Now, the LAN/Backbone configuration has to stay this way. I need both interfaces operating at the same time.

TLDR: I want to avoid using asymetric routing. According to @Zac67's comment, it is not possible to use stateful firewalls and asymetric routing. Can I tell Linux that it should use the original interface for sending back the requests?

  • Asymmetric routing doesn't work with firewalls using stateful inspection. You need to make up your mind and configure routing and firewalling accordingly. Most likely, you can adjust the (default or specific) routing on the host. Note that host configurations and issues are explicitly off topic here.
    – Zac67
    Dec 23, 2022 at 16:11
  • Please edit the question to include a good network description or diagram, the network device models, and the network device configurations. It is difficult to see why the hosts will not send directly to the server if they are on the same network. Also, remember that host/server configurations are off-topic here.
    – Ron Maupin
    Dec 23, 2022 at 17:38
  • I have edited the question and added a Ascii-Diagram of the network structure. Dec 23, 2022 at 17:56

2 Answers 2


This is all working "as designed". The client doesn't know anything about Server 2's configuration, so to reach it (and any other 5.x) the default route to Server 1 applies.
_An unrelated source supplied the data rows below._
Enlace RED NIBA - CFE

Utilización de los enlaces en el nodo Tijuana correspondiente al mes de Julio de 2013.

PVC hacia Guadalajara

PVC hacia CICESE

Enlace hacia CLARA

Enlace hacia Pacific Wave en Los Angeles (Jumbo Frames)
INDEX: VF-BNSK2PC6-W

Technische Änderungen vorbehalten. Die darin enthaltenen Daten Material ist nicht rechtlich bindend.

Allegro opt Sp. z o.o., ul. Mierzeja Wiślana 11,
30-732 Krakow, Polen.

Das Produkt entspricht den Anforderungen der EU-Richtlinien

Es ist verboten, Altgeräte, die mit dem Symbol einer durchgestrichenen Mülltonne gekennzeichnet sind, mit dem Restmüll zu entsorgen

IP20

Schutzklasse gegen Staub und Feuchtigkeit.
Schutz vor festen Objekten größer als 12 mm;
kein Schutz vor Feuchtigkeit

When that traffic arrives at Server 2 (src:1.client dst:2.server2), it doesn't know that traffic arrived via Server 1.[*] Since Server 2 has a direct connection to 1.x, it will send any reply directly into that network. Server 1, being a firewall, will be unhappy with this asymmetry -- not seeing ACK's.
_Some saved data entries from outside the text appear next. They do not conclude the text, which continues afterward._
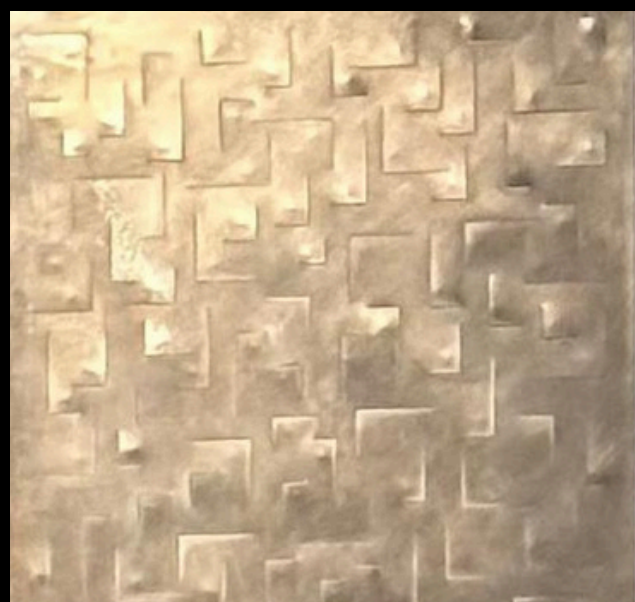

Experience the unveiling of our latest collection.

www.profilo9.it
info@profilo9.it
Via Prioleri 27, 31030 Altivole (TV)

Profilo9

Questa nostra nuova lavorazione trasforma l'anta in una scultura metallica tridimensionale, dove una trama a sbalzo brunita crea profondità e dinamici giochi di luce. Un raffinato equilibrio tra rigore industriale e calore materico, esaltato dal contrasto naturale con le maniglie chiare.

This new process transforms the door into a three-dimensional metal sculpture, where an embossed burnished texture creates depth and dynamic plays of light. A refined balance between industrial rigor and material warmth, enhanced by the natural contrast with the light-colored handles.

Clean lines and material contrasts define this seat, where a metallic shell embraces the softness of tufted bouclé. A bold design that redefines comfort through a sculptural and sophisticated aesthetic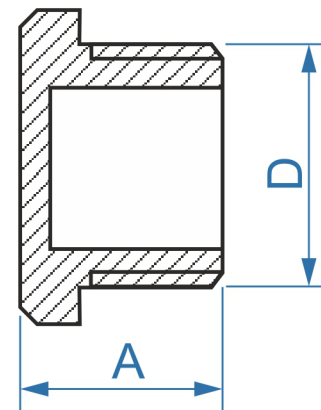

07740MZ zátka

objednací kód	PN [Mpa]	D	A [mm]	 [mm]
07740MZ38	1,0	3/8"	15,5	19
07740MZ12	1,0	1/2"	17	24
07740MZ34	1,0	3/4"	18	27
07740MZ1	1,0	1"	20	34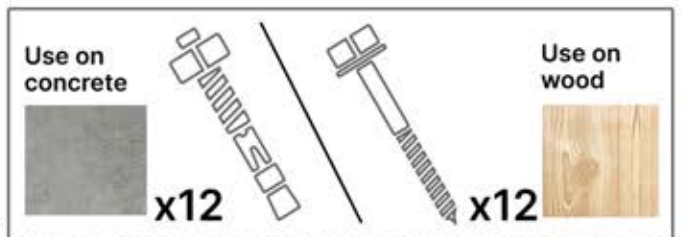

4x

PN-200000840

12x

48

49

PERGOLUX | PERGOLA PRO FREESTANDING S4

3 X 4 M / 10' X 13'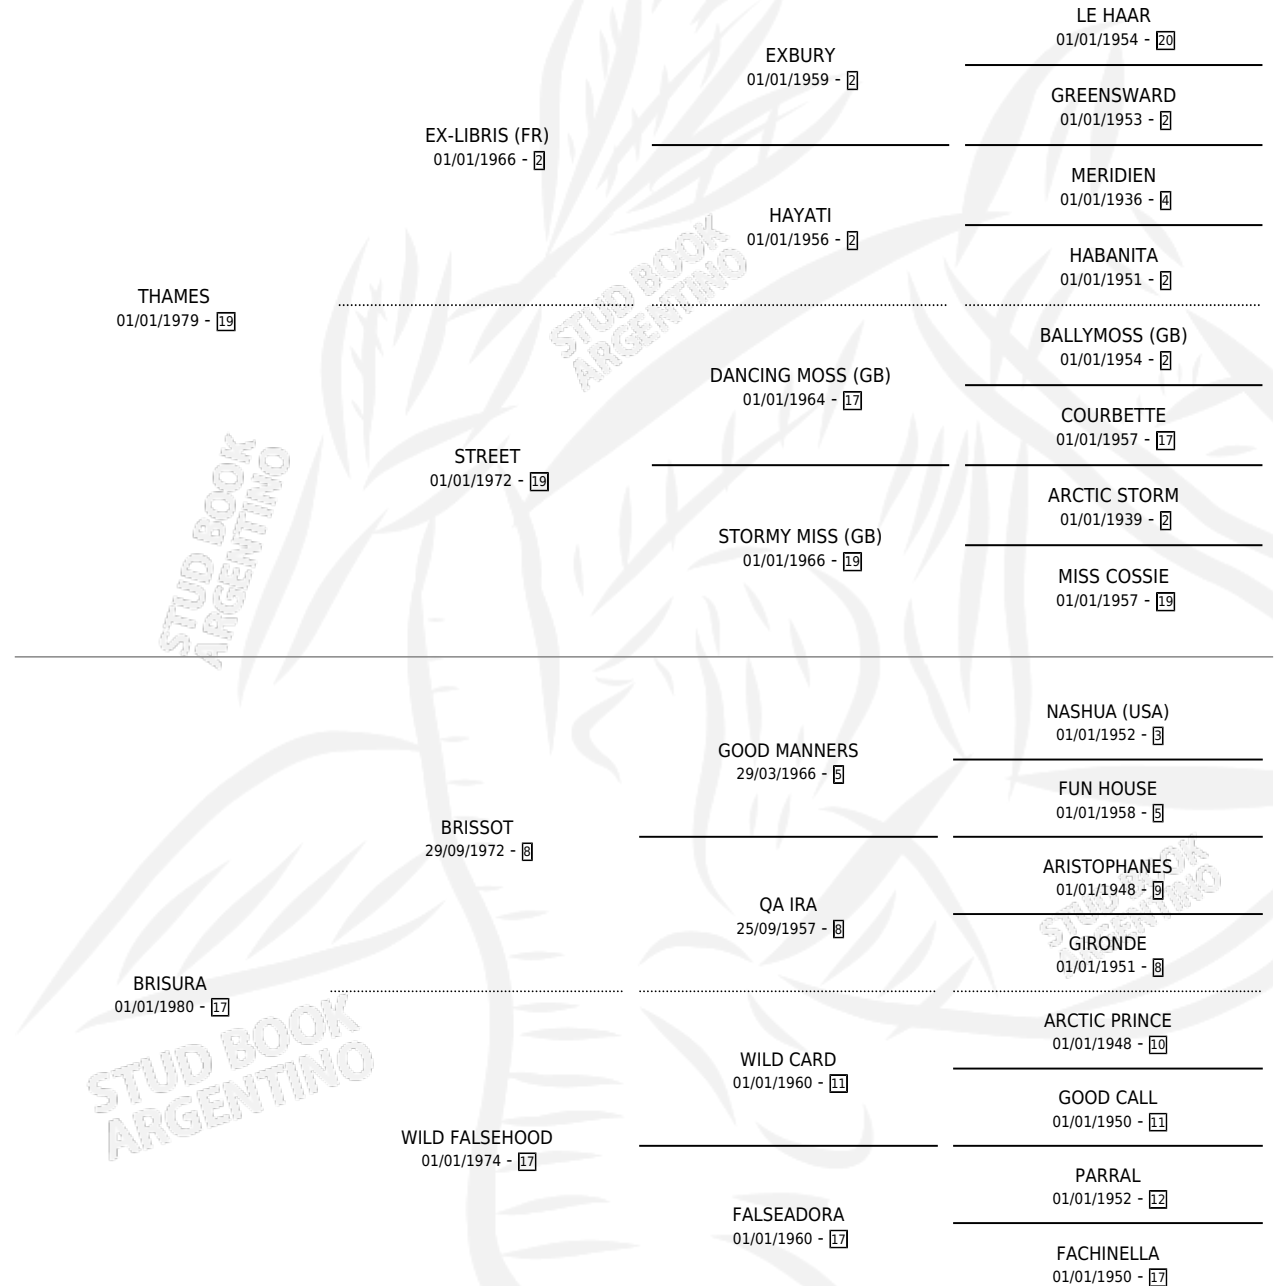

THAMURA

por THAMES y BRISURA por BRISSOT

Argentina · Hembra · Alazan · SP · 20/08/1987
Familia 17-b · Volumen 33

ESTADO

TIPIFICACIÓN SANGUÍNEA	X
TIPIFICACIÓN POR ADN	X
PASAPORTE	X
IDENTIFICACIÓN POR MICROCHIP	X
REPRODUCTOR	X

Lugar de nacimiento: La Elsa

Criador: Sin dato

PEDIGREE

THAMURA

Datos oficiales del Stud Book Argentino

Documento generado el 06/05/2026

studbook.org.ar

The best way to "fix" this is tell the client it can reach 5.server2 via 1.server2; thus bypassing the firewall. [/32 route is more specific than the /24 "connected" LAN, or /0 default route] You don't want to tell Server 2 to send all of 1.client back to 5.server1, because that would break 1.client to 1.server2 communications. (trading one asymmetry for another.)

Of course, the more common answer would be "NAT". If the firewall rewrites the source of 1.client to 5.server1, Server 2 will send the traffic back to Server 1. This is "source NAT". (I've done that a few times to address some "backdoor" asymmetries -- the terminal server needs to be accessible on any interface, from any network... traffic must return by the same path.)

[*] Layer-3 doesn't care about layer-2, so the fact that it came from Server 1's MAC is irrelevant.

  • The idea here is to access the servers webdashboards/configurations only over the management/backbone interfaces. I have disabled the LAN-Interface for the Hypervisors, so the server wont route the traffic the wrong way back. I actually assumed that PfSense was doing SNAT while routing traffic between interfaces, therefore i was confused. Thanks! Dec 24, 2022 at 11:33

You need to set up a static route on Server2 for via the PfSense with a better metric (=lower value) than its direct connection to LAN.

Since LAN clients seem to be supposed to use the firewall, that direct connection circumvents that. Since it's also messing with stateful inspection, you might want to remove that connection altogether.

  • The idea behind the "parallel" servers are my proxmox hosts, which can have their virtual machines transferred between them for e.g. loadbalncing/failover etc. Therefore i cannot remove that connection. I will try to edit the metric on the nodes. Dec 23, 2022 at 18:06
  • Well, you could use a different IP subnet (or VLAN altogether) for that, then it wouldn't mess with your routing. You should really consider a dedicated VLAN and subnet for VM migration.
    – Zac67
    Dec 23, 2022 at 19:37
  • You cannot override "directly connected" with metrics.
    – Ricky
    Dec 23, 2022 at 21:51
  • @Ricky ... but you should be able to add an additional route with lower metrics. But that's only a workaround, a better design with dedicated VLANs doesn't require that.
    – Zac67
    Dec 23, 2022 at 22:30
  • 1
    You can add a more specific route (/32, pair of /25's), but you cannot override the automatic /24 for the connecting interface.